● MATERIAL SUPPLIED
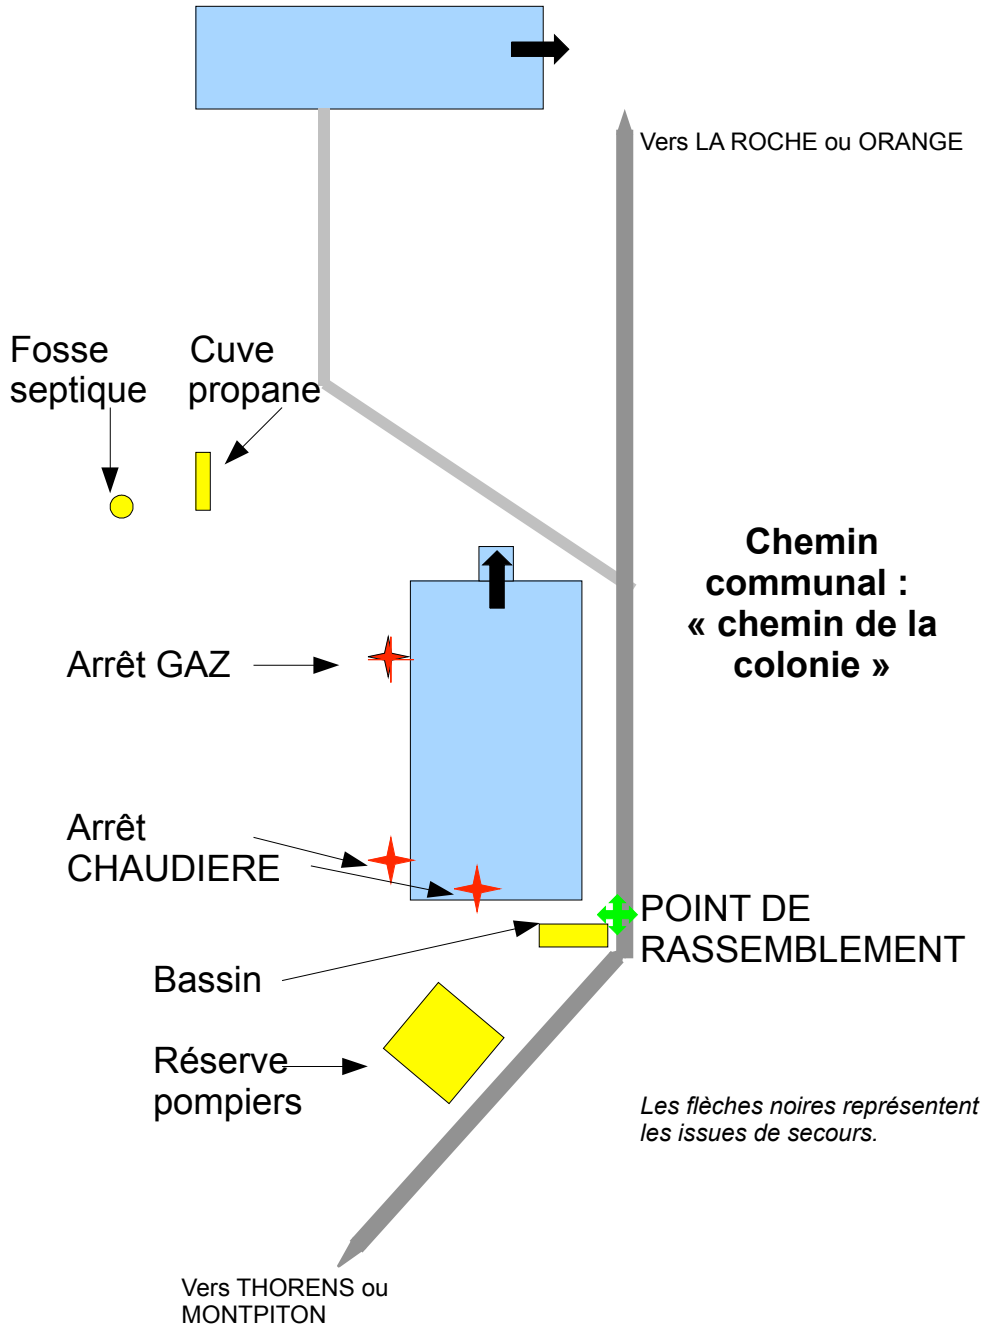

MAISON DES PIONNIERS

379 ch de la colonie
74570 THORENS

NORD

Vers LA ROCHE ou ORANGE

Fosse septique

Cuve propane

Arrêt GAZ

Arrêt CHAUDIERE

Bassin

Réserve pompiers

Chemin communal : « chemin de la colonie »

POINT DE RASSEMBLEMENT

Les flèches noires représentent les issues de secours.

Vers THORENS ou MONTPITON

SUD

● ABOUT THIS EXERCISE
Exactly as they stand, set down all of the entries above, minus every picture.

● WRITTEN SOLUTION
MAISON DES PIONNIERS

379 ch de la colonie
74570 THORENS

NORD

Vers LA ROCHE ou ORANGE

Fosse septique

Cuve propane

Arrêt GAZ

Arrêt CHAUDIERE

Bassin

Réserve pompiers

Chemin communal : « chemin de la colonie »

POINT DE RASSEMBLEMENT

Les flèches noires représentent les issues de secours.

Vers THORENS ou MONTPITON

SUD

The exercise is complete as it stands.